Other causes that are near and dear to the hearts of all at BCS range from a local children’s hospital to the Conservation Association which takes care of coastal waterways in Texas and around the United States. “We all live by the rule of ‘leave the garden in better shape than you received it,’ says Ben. “We need to do that with our environment, the people around us and our communities. If we can make something better and leave it in better shape than we found it, then we do so.”

As for future plans and growth at BCS the company wants “to grow in terms of the volume of work but at the same time to make sure we do so in a sustainable way,” says Ben. “We want to scale whilst also keeping the culture we have and keeping that small company ethos and those values.

“If things keep going in Austin like they are, we’d like to see a smooth, even, $60m dollars a year of work in five years, maybe $80 if we can get there – a well-rounded, balanced workload of small, midsize and larger projects.
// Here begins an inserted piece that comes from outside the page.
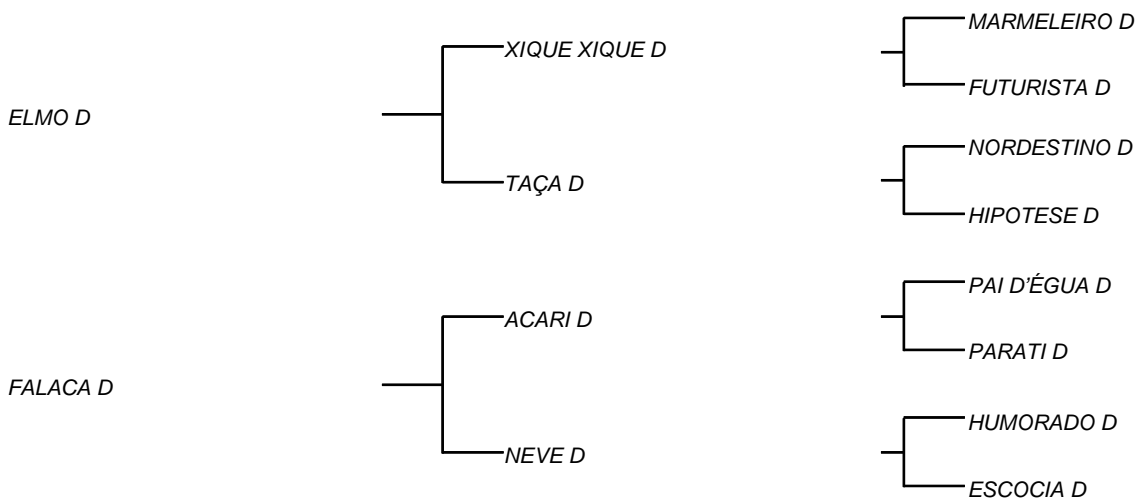

R$ 300,00 (Parcela) Seu pai ELMO D, (consanguineo em FUTURISTA D), Filho de XIQUE XIQUE D, touro que tem uma função na CARNAÚBA, em termos de dupla aptidão; Sua mãe filha de ACARI D, para total segurança no leite, pois além de passar dos **10 Kg/ leite em uma ordenha**, mostra-se que sua geração foi somada em relação aos que a antecederam.

It’s about being able to scale efficiently and not just ‘balloon’ or ever lose any of the important aspects like care for the community and for one another and empathy for people we work for and who work with us.”

aerial view of BCS team on skyscraper building roof

So, what is next for the company? The evidence points to more of the same. Steady customer-led growth based on a high-quality product. Sounds simple? For BCS, it sure is. “We want to continue to expand into other markets if we can. Right now, Austin and Central Texas is our main area, but we will go further – like Huston or San Antonio if a client asks us to. Right now, for example, we are building a big data center and a crypto mining facility in Temple, Texas and that customer has asked us to look at a project in Corpus Christi, Texas. Where our customers take us, we are happy to go!”

As the name and reputation at BCS continues to spread, this seems more likely to happen. Again, it comes back to doing what you say you are going to do, says Ben. “Austin, we like to say is the biggest small town in America,” he states. “Everyone knows everyone, and reputation is important. In the end it’s all you have.”